王子ホールディングス賞森の営み

テーマ:森の営み

2026優秀賞

画題「夏の森の秘密」
山際裕輝(47歳)
北海道 会社員


撮影日は2025年7月5日の15時半ごろ、晴れた日でした。撮影地は北海道遠軽町丸瀬布えんがるちょうまるせっぷにある山彦の滝です。滝の裏側からも自然の素晴らしさを体験できることから、訪れた人だけの「秘密」を楽しめます。近年は熊の出没が多くなったこともあって、このような秘境にある絶景を見に行く機会が遠のき、とても残念に思っているところです。人間も動物も傷つかずに暮らしていきたいですよね。

2026佳作

画題「光射す森」
平野 悟(77歳)
新潟県 自営業

2026佳作

画題「光降る」
佐久間俊輔(65歳)
東京都 無職

2026次点(五十音順)

「では行ってきまーす!」石原美代子(70)埼玉県
「森のひそひそ話」佐藤 章(52)北海道
「僥倖を待つ」千原慶士(67)和歌山県
「魁夷とこころひとつ」羽吹桂一(62)埼玉県
「森の記憶」日浦嘉孝(78)香川県

企業コメント

王子グループは「木を使うものには、木を植える義務がある」という考えの下、100年以上前から持続可能な森林経営を実践。現在、社有林「王子の森」は国内外で63.6万haにまで広がっています。近年は祖業の紙にとどまらず、環境に配慮したサステナブルパッケージやバイオエタノール、医薬品といった、木質バイオマスビジネスを次世代の中核ビジネスに位置付け、さらなる成長と進化を目指しています。

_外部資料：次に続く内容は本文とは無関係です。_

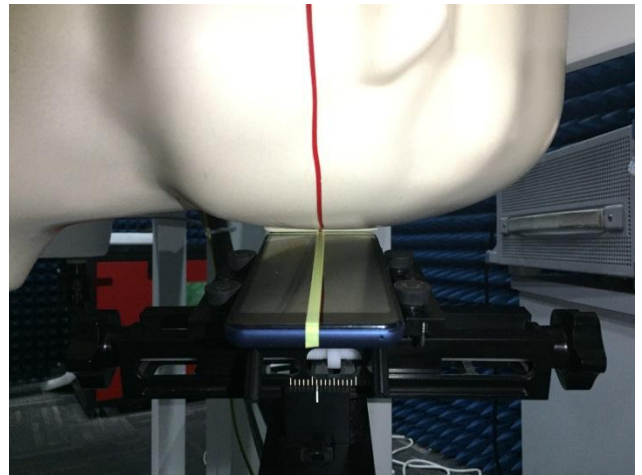

EUT Photos (Model: S2)

EUT Antenna Locations

SAR Test Setup Photos

Head

Right Cheek

Right Tilted

Left Cheek

Left Tilted

Body

Front side (10mm)

Back side(10mm)

Top side(10mm)

Bottom side(10mm)

Left side(10mm)

Right side(10mm)
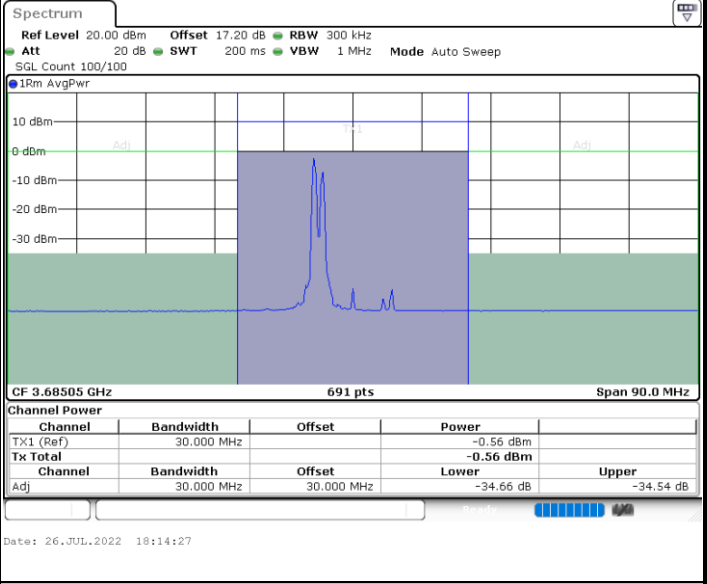

N/A

LTE Band 48C / 5MHz+20MHz

QPSK

Highest Channel / 1RB0 and 1RB99

Highest Channel / 1RB24 and 1RB0

Highest Channel / FullIRB

N/A

LTE Band 48C / 10MHz+20MHz

QPSK

Middle Channel / 1RB0 and 1RB99

Middle Channel / 1RB49 and 1RB0

Middle Channel / FullRB

N/A

LTE Band 48C / 10MHz+20MHz

QPSK

Highest Channel / 1RB0 and 1RB99

Highest Channel / 1RB49 and 1RB0

Highest Channel / FullIRB

N/A

LTE Band 48C / 15MHz+20MHz

QPSK

Lowest Channel / 1RB0 and 1RB99

Lowest Channel / 1RB74 and 1RB0

Lowest Channel / FullIRB
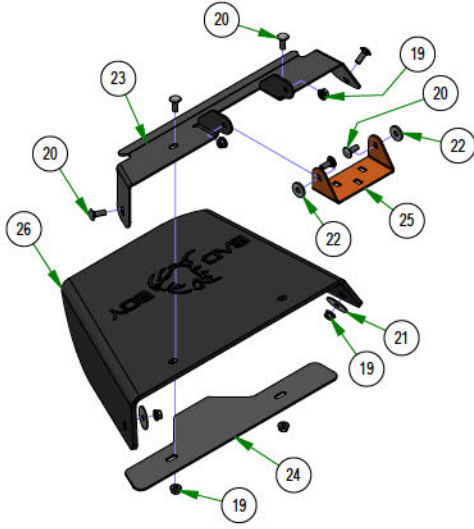

PARTS SECTION: DECK SUB ASSEMBLIES

210-6015-98
MZ Discharge Chute Assembly
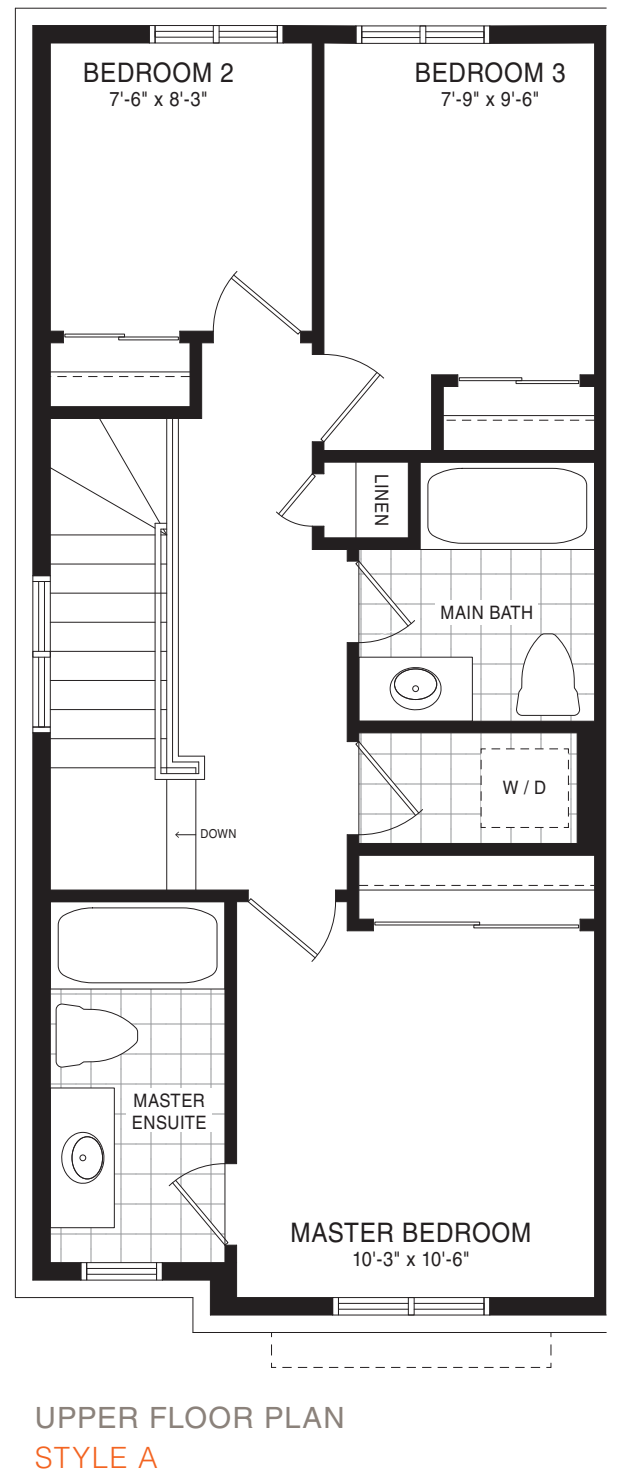

BRETON TOWNHOME

STYLE A2 – 1365 SQ.FT.

STYLE B2 – 1356 SQ.FT.

BRETON TOWNHOME

STYLE A1 – 1373 SQ.FT.
 STYLE A2 – 1365 SQ.FT.
 STYLE B1 – 1365 SQ.FT.
 STYLE B2 – 1356 SQ.FT.
 STYLE B3 – 1363 SQ.FT.

BRETON END TOWNHOME

STYLE A – 1415 SQ.FT.

STYLE B – 1407 SQ.FT.

HAMPTON TOWNHOME

STYLE A1 – 1517 SQ.FT.

STYLE B1 – 1506 SQ.FT.

HAMPTON TOWNHOME

STYLE A1 – 1517 SQ.FT.
 STYLE A2 – 1509 SQ.FT.
 STYLE A3 – 1509 SQ.FT.
 STYLE A4 – 1515 SQ.FT.
 STYLE B1 – 1506 SQ.FT.
 STYLE B2 – 1500 SQ.FT.
 STYLE B3 – 1506 SQ.FT.
 STYLE B4 – 1506 SQ.FT.

HAMPTON END TOWNHOME

STYLE A – 1564 SQ.FT.

STYLE B – 1556 SQ.FT.

MONCTON CORNER TOWNHOME

STYLE B – 1465 SQ.FT.

SHERBROOKE CORNER TOWNHOME

STYLE A – 1630 SQ.FT.
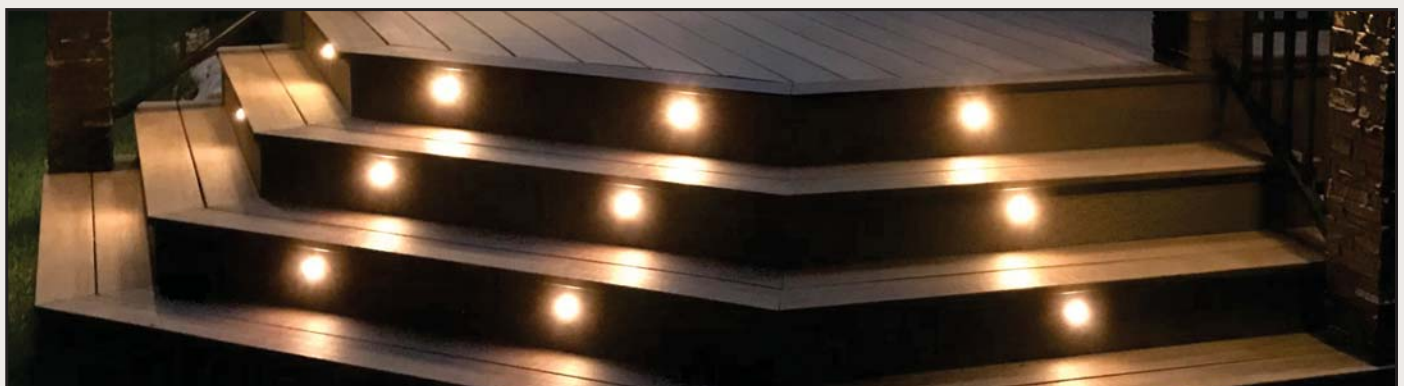

Post Caps & Lighting

DekPro™ EFFEX Posts Caps & Lighting

Available in:

- Absolute Black
- Cocoa Bronze
- Dream White
- Maple Cream

Glow - Glow Ring Flat Top Post Cap

Sold in any quantity.

Aluminum flat top post cap with LED glow ring light, draws 2.2 watts total per cap. Light color - 3000 - 3500K.

3" Cap

- Item # DPPC3FBLABT - Absolute Black
- Item # DPPC3FBLCBT - Cocoa Bronze
- Item # DPPC3FBLDWT - Dream White
- Item # DPPC3FBLMCT - Maple Cream

4" Cap

- Item # DPPC4FBLABT - Absolute Black
- Item # DPPC4FBLCBT - Cocoa Bronze
- Item # DPPC4FBLDWT - Dream White
- Item # DPPC4FBLMCT - Maple Cream

DekPro Quick Connect System

Available in:

- Absolute Black
- Cocoa Bronze
- Dream White

DekPro™ EFFEX Recessed Stair Light

Sold as a kit or Individually.

Recessed stair light kits include 10 recessed lights, 36 watt transformer, dimmer w/ remote, photo eye timer, 9' Quick Connect lead wire, y-splitter & 1" forstner drill bit. Designed to be mounted into the riser of a stairway to illuminate the treads. The light is set at a 35 degree angle to cast light directionally onto the steps. Features 2 ea. - 3' Quick Connect leads for easy wiring. Fast installation - lights friction fit into 1" diameter opening. Draws 1 watt per fixture. Light color 3000 - 3500K.

Light Kits:

- Item # DPRLABTKIT10 - Absolute Black
- Item # DPRLCBTKIT10 - Cocoa Bronze
- Item # DPRLDWTKIT10 - Dream White

Individual Lights:

- Item # DPRLABT - Absolute Black (shown)
- Item # DPRLCBT - Cocoa Bronze
- Item # DPRLDWT - Dream White

NEW - Hooded Recessed Riser Lights (Individual Only):

- Item # DPRLHOODABT - Absolute Black (shown)
- Item # DPRLHOODCBT - Cocoa Bronze
- Item # DPRLHOODDWT - Dream White

- Item # 52501040 - 1" Forstner Bit

DekPro Quick Connect System

青空・滝・森が一体となった神秘的な風景が多くの支持を集めました。森が育む水の循環や生命の営みを想起させ、自然の力強さを同時に感じさせます。秘境を思わせる景観に「訪れてみたい」「こうした自然を残したい」という声が多く上がり、美しさと神秘性を兼ね備えた本作品は「森の営み」を体現した一枚です。

王子ホールディングス株式会社

審査員評

手前の洞窟部分が額縁効果のようになって伝えたい部分が強調されています。青空と雲の対比と見上げるように木々が立ち、流れる滝がすがすがしく感じられます。作者が伝えたかった「秘境の場所」をうまく切り取った作品です。佳作「光射す森」はブナの森に精霊が生まれるような神秘性が、「光降る」は深遠な空気感がよく表現されています。